#### What is expected:
All lines from the one containing "Toegepaste garantie" to the end of the listing below should be output exactly; omit the pictures.

#### Extracted records:
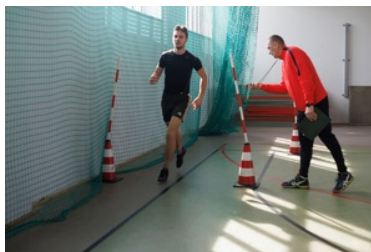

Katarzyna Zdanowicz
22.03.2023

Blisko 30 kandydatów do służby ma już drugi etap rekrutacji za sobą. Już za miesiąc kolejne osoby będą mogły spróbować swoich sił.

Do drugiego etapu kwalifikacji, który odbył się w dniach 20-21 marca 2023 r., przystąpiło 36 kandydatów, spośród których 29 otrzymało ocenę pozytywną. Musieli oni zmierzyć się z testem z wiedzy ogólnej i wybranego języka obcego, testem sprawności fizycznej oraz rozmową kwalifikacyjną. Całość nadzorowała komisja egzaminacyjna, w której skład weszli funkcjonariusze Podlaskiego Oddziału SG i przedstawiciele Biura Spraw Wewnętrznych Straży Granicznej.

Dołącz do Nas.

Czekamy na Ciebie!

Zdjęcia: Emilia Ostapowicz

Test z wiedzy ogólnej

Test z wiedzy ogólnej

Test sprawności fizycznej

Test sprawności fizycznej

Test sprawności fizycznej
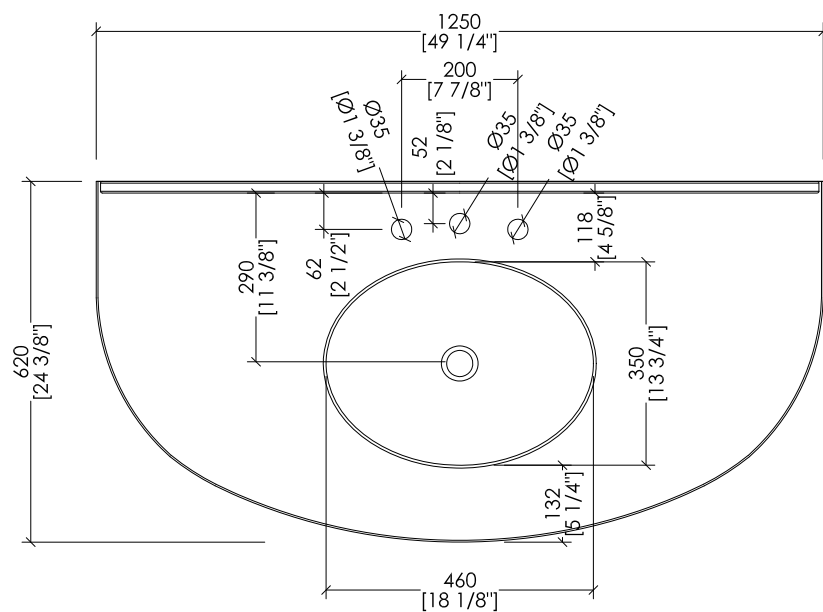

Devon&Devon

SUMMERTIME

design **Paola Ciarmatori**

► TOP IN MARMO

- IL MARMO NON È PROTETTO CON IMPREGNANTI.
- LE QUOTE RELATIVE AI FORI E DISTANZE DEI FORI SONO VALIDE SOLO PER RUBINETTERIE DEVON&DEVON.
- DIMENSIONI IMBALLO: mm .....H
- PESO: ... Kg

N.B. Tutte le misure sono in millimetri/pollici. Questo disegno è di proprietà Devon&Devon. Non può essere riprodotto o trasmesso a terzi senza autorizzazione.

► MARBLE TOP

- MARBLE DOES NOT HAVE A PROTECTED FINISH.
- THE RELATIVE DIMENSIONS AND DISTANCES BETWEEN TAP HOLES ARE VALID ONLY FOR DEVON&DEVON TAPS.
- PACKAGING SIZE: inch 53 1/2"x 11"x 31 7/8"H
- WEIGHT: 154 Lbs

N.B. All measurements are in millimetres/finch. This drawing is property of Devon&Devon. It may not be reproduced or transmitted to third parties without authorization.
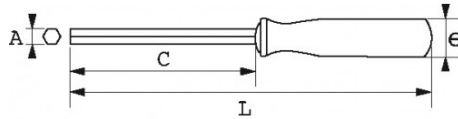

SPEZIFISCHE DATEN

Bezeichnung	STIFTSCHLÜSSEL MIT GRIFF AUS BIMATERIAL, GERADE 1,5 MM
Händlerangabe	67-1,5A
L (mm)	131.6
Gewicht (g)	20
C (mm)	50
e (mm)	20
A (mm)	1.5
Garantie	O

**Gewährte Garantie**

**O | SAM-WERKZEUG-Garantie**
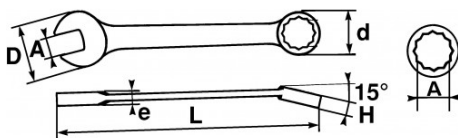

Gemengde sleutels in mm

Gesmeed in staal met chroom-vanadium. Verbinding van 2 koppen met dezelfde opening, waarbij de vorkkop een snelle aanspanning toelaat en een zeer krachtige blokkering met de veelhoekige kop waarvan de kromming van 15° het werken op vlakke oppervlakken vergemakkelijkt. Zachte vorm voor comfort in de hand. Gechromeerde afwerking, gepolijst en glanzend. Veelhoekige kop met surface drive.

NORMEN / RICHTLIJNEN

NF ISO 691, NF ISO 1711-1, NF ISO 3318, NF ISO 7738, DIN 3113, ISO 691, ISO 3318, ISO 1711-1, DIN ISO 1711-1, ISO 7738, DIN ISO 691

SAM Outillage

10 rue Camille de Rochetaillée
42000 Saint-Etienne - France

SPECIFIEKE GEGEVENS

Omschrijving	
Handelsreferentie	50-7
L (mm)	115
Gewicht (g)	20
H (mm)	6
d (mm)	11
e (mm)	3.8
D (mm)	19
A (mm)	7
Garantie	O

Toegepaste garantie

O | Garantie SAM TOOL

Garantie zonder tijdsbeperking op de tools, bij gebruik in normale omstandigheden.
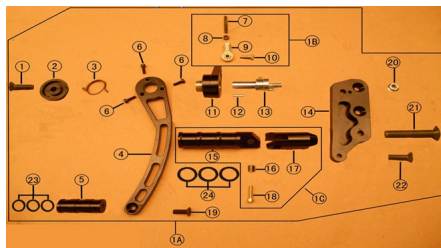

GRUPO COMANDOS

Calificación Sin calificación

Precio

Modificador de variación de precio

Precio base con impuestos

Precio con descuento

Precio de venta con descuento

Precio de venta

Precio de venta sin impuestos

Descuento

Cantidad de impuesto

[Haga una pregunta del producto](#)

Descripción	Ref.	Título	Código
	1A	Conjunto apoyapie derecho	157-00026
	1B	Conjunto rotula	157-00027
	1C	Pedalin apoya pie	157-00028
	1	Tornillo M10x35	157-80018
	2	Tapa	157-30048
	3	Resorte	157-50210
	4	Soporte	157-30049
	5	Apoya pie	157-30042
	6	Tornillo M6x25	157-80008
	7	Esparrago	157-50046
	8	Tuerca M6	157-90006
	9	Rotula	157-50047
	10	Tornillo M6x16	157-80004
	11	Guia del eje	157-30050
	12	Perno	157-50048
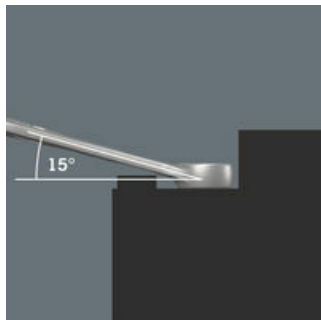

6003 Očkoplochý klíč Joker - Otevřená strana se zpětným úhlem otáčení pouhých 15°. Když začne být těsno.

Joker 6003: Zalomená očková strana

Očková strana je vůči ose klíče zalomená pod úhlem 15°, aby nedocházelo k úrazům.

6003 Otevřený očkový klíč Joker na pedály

#### Output of the exercise:
Toegepaste garantie

O | Garantie SAM TOOL

Garantie zonder tijdsbeperking op de tools, bij gebruik in normale omstandigheden.

GRUPO COMANDOS

Calificación Sin calificación

Precio

Modificador de variación de precio

Precio base con impuestos

Precio con descuento

Precio de venta con descuento

Precio de venta

Precio de venta sin impuestos

Descuento

Cantidad de impuesto

[Haga una pregunta del producto](#)

Descripción	Ref.	Título	Código
	1A	Conjunto apoyapie derecho	157-00026
	1B	Conjunto rotula	157-00027
	1C	Pedalin apoya pie	157-00028
	1	Tornillo M10x35	157-80018
	2	Tapa	157-30048
	3	Resorte	157-50210
	4	Soporte	157-30049
	5	Apoya pie	157-30042
	6	Tornillo M6x25	157-80008
	7	Esparrago	157-50046
	8	Tuerca M6	157-90006
	9	Rotula	157-50047
	10	Tornillo M6x16	157-80004
	11	Guia del eje	157-30050
	12	Perno	157-50048

6003 Očkoplochý klíč Joker - Otevřená strana se zpětným úhlem otáčení pouhých 15°. Když začne být těsno.

Joker 6003: Zalomená očková strana

Očková strana je vůči ose klíče zalomená pod úhlem 15°, aby nedocházelo k úrazům.

6003 Otevřený očkový klíč Joker na pedály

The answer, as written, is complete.